Оптимистический пессимист
– То есть, чтобы решить вопрос приобретения высокотехнологичного оборудования, приходится идти на нарушения?
– Да, было такое, но сейчас такие вещи категорически запрещены. Если раньше я, нищий попрошайка, мог прийти к руководителю Фонда обязательного медицинского страхования и, мусоля в руках шапку, попросить: «Разрешите, Христа ради, на наши же заработанные деньги из ОМС потратить часть средств…» И он мог «с барского плеча» дать такое разрешение, то сейчас им и это запретили. Сегодня это нарушение чревато судебным разбирательством, и мне это не надо. При такой постановке вопроса очень легко будет себя чувствовать тупой главный врач, который, ничего не делая, только пеняет, что «у него этого нет, того нет, этого не дают, того не разрешают». При этом он будет сидеть в мягком кресле, занимая должность. Но надеюсь, что положение дел изменится. Я – оптимистический пессимист.

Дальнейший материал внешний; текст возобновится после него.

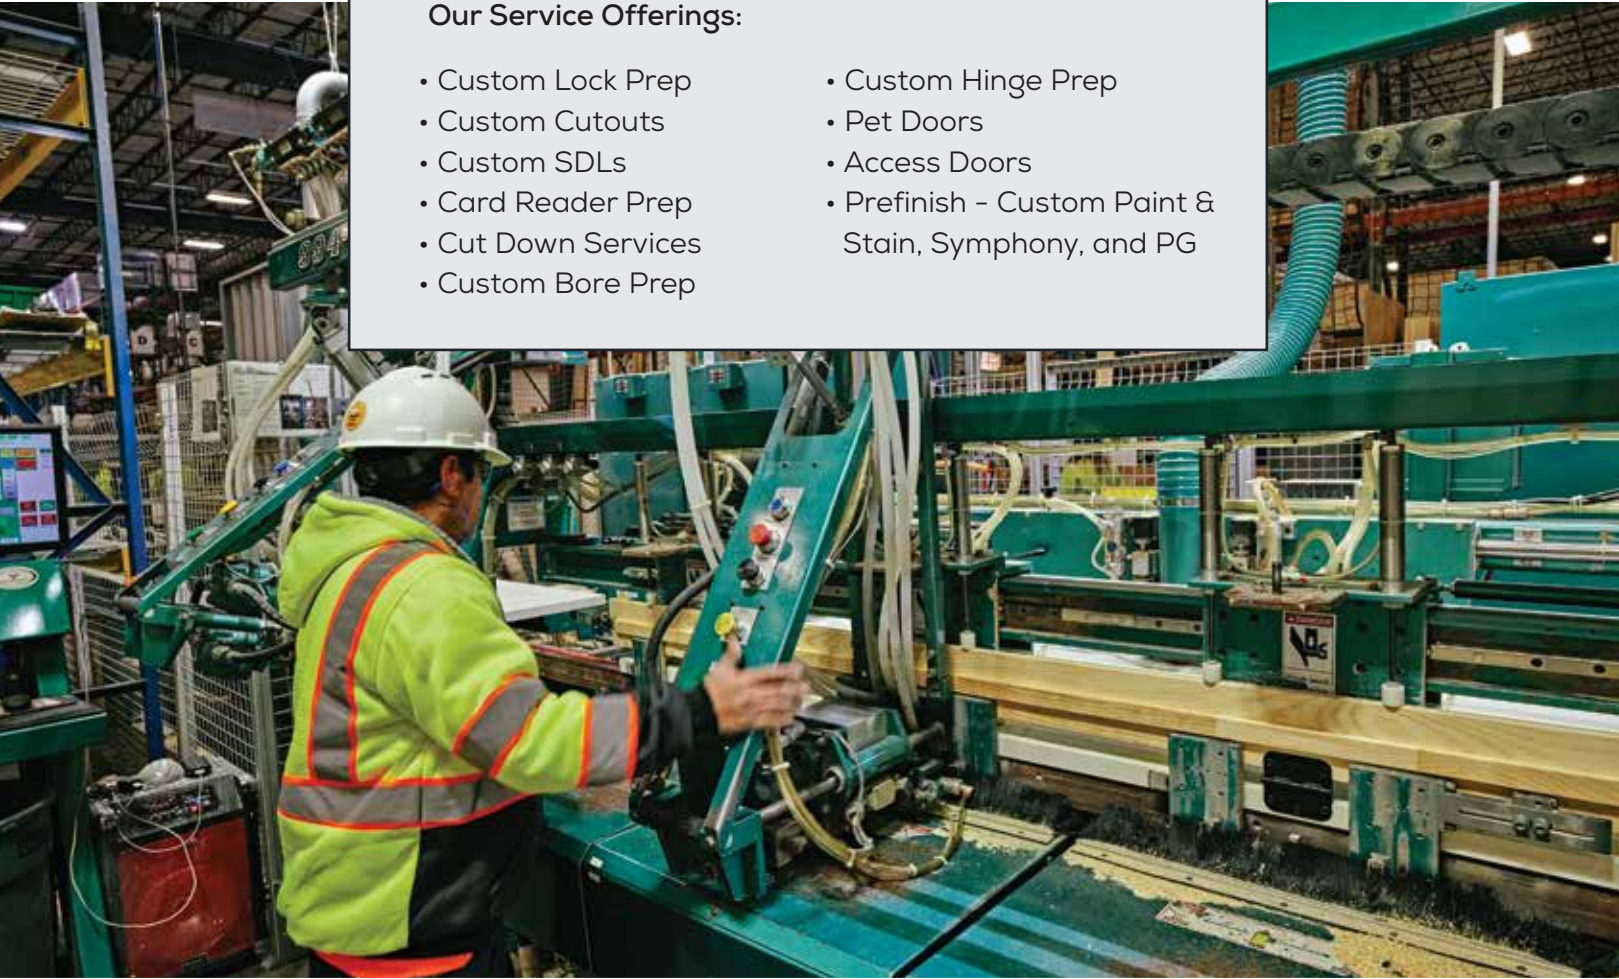

Boise Cascade®
MILLWORK

DOOR SHOP SERVICE

Boise Cascade Millwork offers top-of-the-line exterior and interior door solutions and components. If you can imagine it, we can get it or create it.. We have state of the art equipment and dedicated millwork professionals for any and all of your millwork needs.

Our Service Offerings:

- Custom Lock Prep
- Custom Cutouts
- Custom SDLs
- Card Reader Prep
- Cut Down Services
- Custom Bore Prep
- Custom Hinge Prep
- Pet Doors
- Access Doors
- Prefinish - Custom Paint & Stain, Symphony, and PG

Boise Cascade®
MILLWORK

millwork.bc.com

3130 N. Longhorn Drive, Suite 100
Lancaster, Texas 75134
1-833-757-0138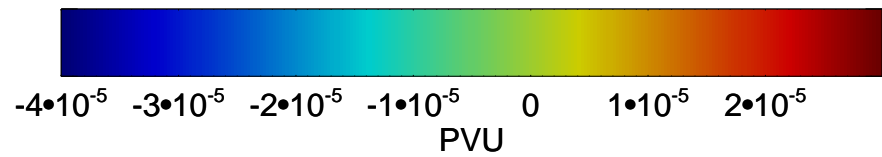

13121100, 24 hour forecast for 460K EPV

460K Montgomery Streamfunction, white

13121106, 30 hour forecast for 460K EPV

460K Montgomery Streamfunction, white

13121112, 36 hour forecast for 460K EPV

460K Montgomery Streamfunction, white

13121118, 42 hour forecast for 460K EPV

460K Montgomery Streamfunction, white

13121200, 48 hour forecast for 460K EPV

460K Montgomery Streamfunction, white

13121206, 54 hour forecast for 460K EPV

460K Montgomery Streamfunction, white

– Об этом еще Святослав Николаевич говорил. Можно жаловаться и при этом ничего не делать. А можно бороться, набивать себе шишки и делать нужное людям дело…

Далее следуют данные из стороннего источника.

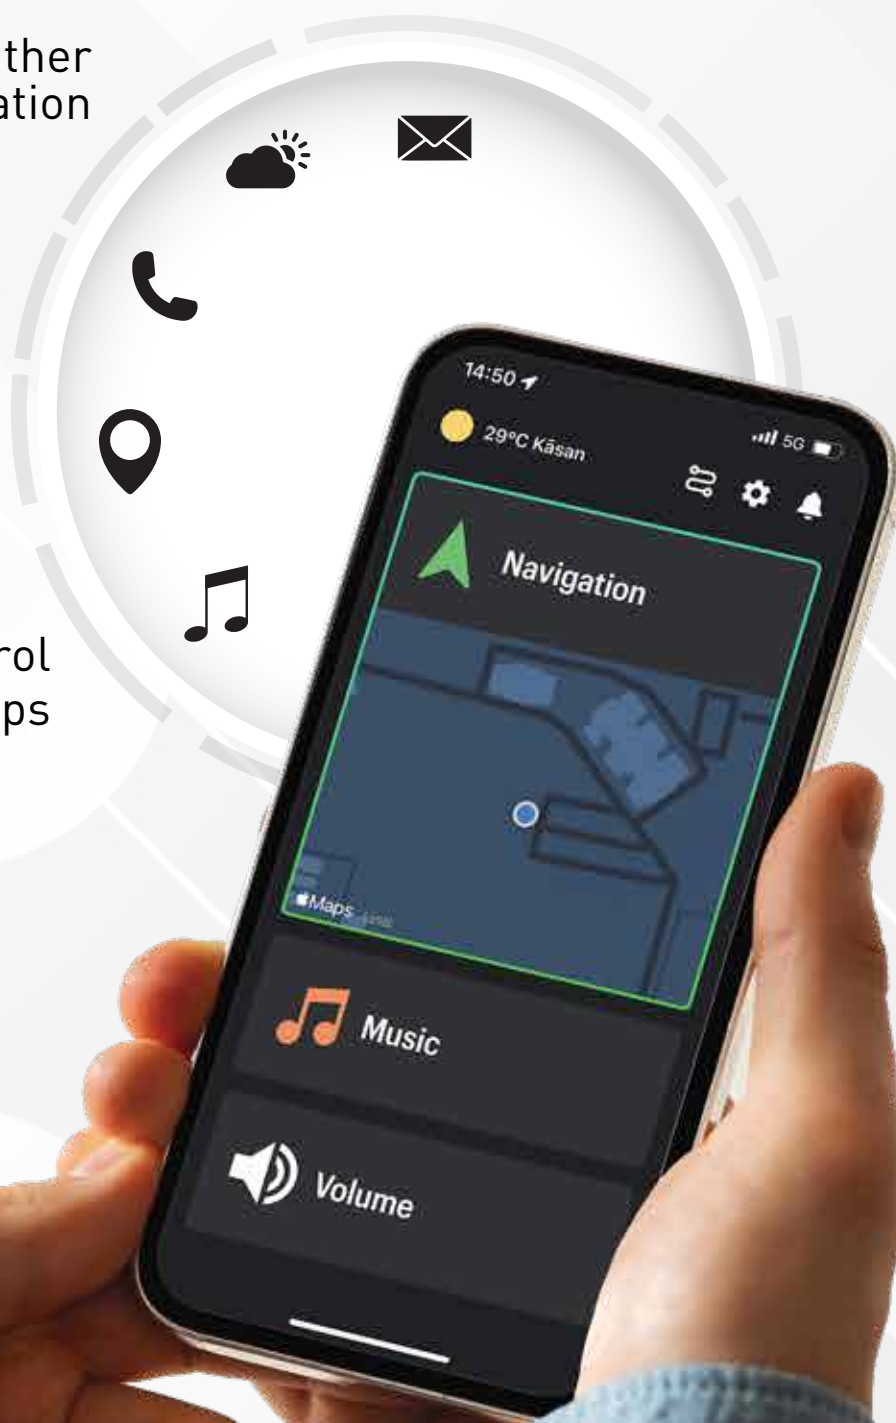

TFT Screen Display

Get a fully-loaded meter featuring superb day and night-time visibility with its 10.67cm TFT display that provides multi-angle visibility, thus ensuring high image quality. Optimize your screen viewing experience with three adjustable brightness levels.

*The TFT Screen shown is of the Activa 125.

Honda RoadSync

The Honda RoadSync App connects your smartphone to your Activa via Bluetooth, enabling you to access essential functions such as navigation, calls, texts, and music without interrupting your ride.

Manage messages
via voice commands

Get real-time weather
updates for any location

Manage and make calls
directly from your Activa

Use turn-by-turn navigation
to reach anywhere

Enjoy music control
at your fingertips

Steps to Connect Honda RoadSync

Step 1: Download and Set Up

- Install the Honda RoadSync app from the app store.
- Grant the required permissions.

Step 2: Connect Your Device

- Provide access to the app.
- Choose your model & set up Bluetooth with handle switch.

– Был один главный врач, он возглавлял городскую больницу, почетный гражданин Иркутска, правая рука мэра города, в Совете ветеранов, чем он все это заслужил, сказать трудно, но как главный врач – полная бездарность. Он полностью развалил крупнейшую клиническую больницу. Так вот, он говорил мне: «Тебе хорошо, тебе там дают, а нам – ничего…» Мне с ним было неприятно разговаривать.
– Из всего вышесказанного понятно, что платные услуги нужны.
– Пока да. Я считаю, что должно быть разумное сочетание. Должны быть платные услуги, но и все другие: ОМС, ВМП, СМП.
– Как вопрос приобретения оборудования решается внутри системы МТНК? Решение принимается в центре, в Москве, на уровне областной медицинской администрации, или директора вполне самостоятельно решают, что им необходимо и в каком количестве?
– Областная медицинская администрация не имеет к этому никакого отношения, слава Богу. Москва – постольку поскольку. Только когда сумма закупаемого оборудования превышает 1,5 миллиона рублей, мы должны согласовать этот вопрос с головной организацией. Такое положение было введено совсем недавно. Я считаю, что это тоже тормозит свободу действий директора филиала, потому что ему лучше знать, какая техника нужна, а не какому-то «парню» из Москвы, который может сказать, «вот этот аппарат такой-то фирмы дешевле, бери его и работай на нем». Правда, лично у меня пока еще до такого маразма дело не доходило. В других филиалах, я знаю, с этим существуют довольно серьезные проблемы. При Федорове мы решали подобные вопросы самостоятельно, и это правильно. Ну что Москва может посоветовать? Каждый филиал развивается по-своему. Опять же все ездят на конференции, выставки, смотрят, что появляется нового на рынке. Если есть задумка развивать какое-то направление, то кто, кроме самого директора, лучше знает, какой класс оборудования ему необходимо приобрести? По моему мнению, централизация ни к чему хорошему не приведет.
«Покупка иностранного эксимерного лазера нарушает идеологический концепт развития МНТК»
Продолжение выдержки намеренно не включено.